The three dimensional organization of microtubules in mitotic spindles of the yeast Saccharomyces cerevisiae has been determined by computer-aided reconstruction from electron micrographs of serially cross-sectioned spindles. Fifteen spindles ranging in length from 0.6-9.4 μm have been analyzed. Ordered microtubule packing is absent in spindles up to 0.8 μm, but the total number of microtubules is sufficient to allow one microtubule per kinetochore with a few additional microtubules that may form an interpolar spindle.
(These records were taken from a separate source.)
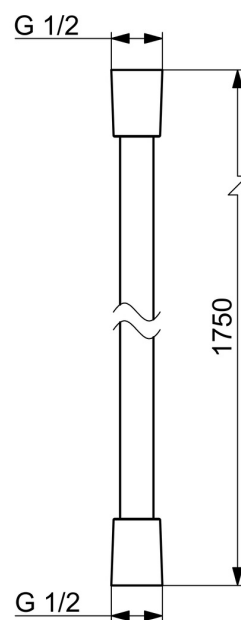

EAN: 6414150106507
static.oras.com/290031-81

- Tarvikkeet
- Harjattu pronssi

- Suihkuletku (1750 mm), Suihkuletku pyörii juurestaan (ei kierry)

Tekniset tiedot

Tekniset ominaisuudet

Liitântäkkö	G1/2xG1/2
Pituus / Korkeus	1750 mm
Materiaali	Komposiitti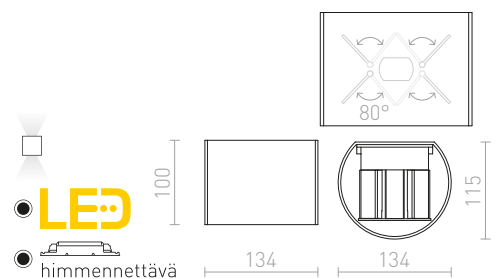

230 V LED 2x3 W 3000 K 500 lm Ra 80 IP65

R13736 valkoinen

€ 88

R13737 musta

€ 88

TITO SQ HIMM SEINÄ

230 V LED 2x3 W 3000 K 500 lm Ra 80 IP65

R13738 valkoinen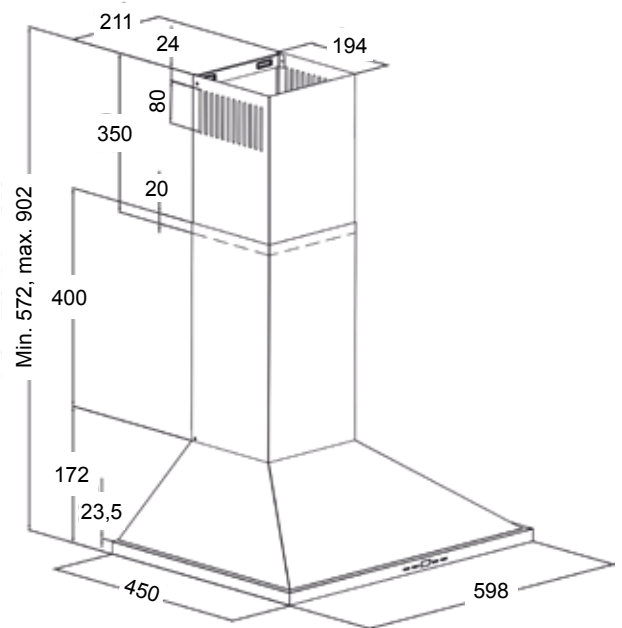

Koodi	Kuvaus	TR
SH17ESF553W-UM	ESTY 50 cm VALKOINEN HUIPPUI.	1371
SH18ESF653W-UM	ESTY 60 cm VALKOINEN HUIPPUI.	1371

Liesikupu huippuimurille seinämallit (AC + EC ohjaus)

Delta

Delta

- leveys 60 cm
- kts. AC ohjauspiirin tiedot s. 25
- EC ohjauspiiri:
- neljä nopeutta: ohjausjännite 0-10V
- automaattinen sulkuventtiili
 - avautuu käynnistettäessä
 - sulkeutuu sammuttaessa
 - auki/kiinniasennot voi säätää haluamukseen
- ajastintoiminto:
 - 15 min kuluttua nopeus tippuu 1 nopeudelle ja valot sammuu
 - sulkuventtiili sulkeutuu automaattisesti 1h kuluttua
- valot 2 x 25W hehkulamppu
- minimi asennuskorkeus liesitason pinnasta:
 - valurauta-, keraaminen- ja induktioliesitaso/65 cm
 - kaasuliesitaso/75 cm
- varmistettava yhteensopivuus huippuimuriin
 - ohjausjännite 0-10V

An obvious bundle of about eight interpolar microtubules was found in spindles 1.3-1.6 μm long, and we suggest that the ~32 remaining microtubules act as kinetochore fibers. The relative lengths of the microtubules in these spindles suggest that they may be in an early stage of anaphase, even though these spindles are all situated in the mother cell, not in the isthmus between mother and bud. None of the reconstructed spindles exhibited the uniform populations of kinetochore microtubules characteristic of metaphase. Long spindles (2.7-9.4 μm), presumably in anaphase B, contained short remnants of a few presumed kinetochore microtubules clustered near the poles and a few long microtubules extending from each pole toward the spindle midplane, where they interdigitated with their counterparts from the other pole. Interpretation of these reconstructed spindles offers some insights into the mechanisms of mitosis in this yeast.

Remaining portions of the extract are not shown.